## Task item
Look through the listing below, and wherever a line has the string "PMMA", pull it out.

## Extracted records
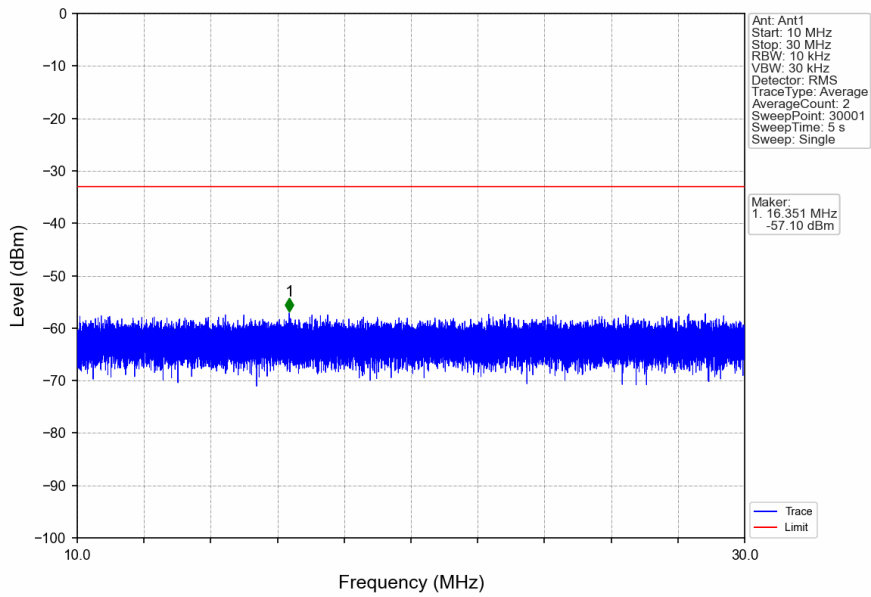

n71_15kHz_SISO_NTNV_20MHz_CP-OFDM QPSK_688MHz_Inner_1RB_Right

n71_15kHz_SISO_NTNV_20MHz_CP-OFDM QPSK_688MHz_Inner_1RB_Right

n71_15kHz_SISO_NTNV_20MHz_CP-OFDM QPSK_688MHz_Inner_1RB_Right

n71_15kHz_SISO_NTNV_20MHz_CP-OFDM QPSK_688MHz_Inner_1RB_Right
---
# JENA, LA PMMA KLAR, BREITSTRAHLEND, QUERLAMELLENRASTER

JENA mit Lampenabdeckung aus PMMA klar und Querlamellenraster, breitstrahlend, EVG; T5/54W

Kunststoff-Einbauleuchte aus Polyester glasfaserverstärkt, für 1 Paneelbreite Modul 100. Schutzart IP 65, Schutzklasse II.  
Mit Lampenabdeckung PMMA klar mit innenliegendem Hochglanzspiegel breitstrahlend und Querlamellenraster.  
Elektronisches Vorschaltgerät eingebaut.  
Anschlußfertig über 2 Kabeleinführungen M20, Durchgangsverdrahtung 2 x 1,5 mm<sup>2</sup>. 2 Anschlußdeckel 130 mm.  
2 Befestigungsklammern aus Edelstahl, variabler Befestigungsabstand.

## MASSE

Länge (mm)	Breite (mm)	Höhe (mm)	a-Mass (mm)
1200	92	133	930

## Solution below
# JENA, LA PMMA KLAR, BREITSTRAHLEND, QUERLAMELLENRASTER
JENA mit Lampenabdeckung aus PMMA klar und Querlamellenraster, breitstrahlend, EVG; T5/54W
Mit Lampenabdeckung PMMA klar mit innenliegendem Hochglanzspiegel breitstrahlend und Querlamellenraster.  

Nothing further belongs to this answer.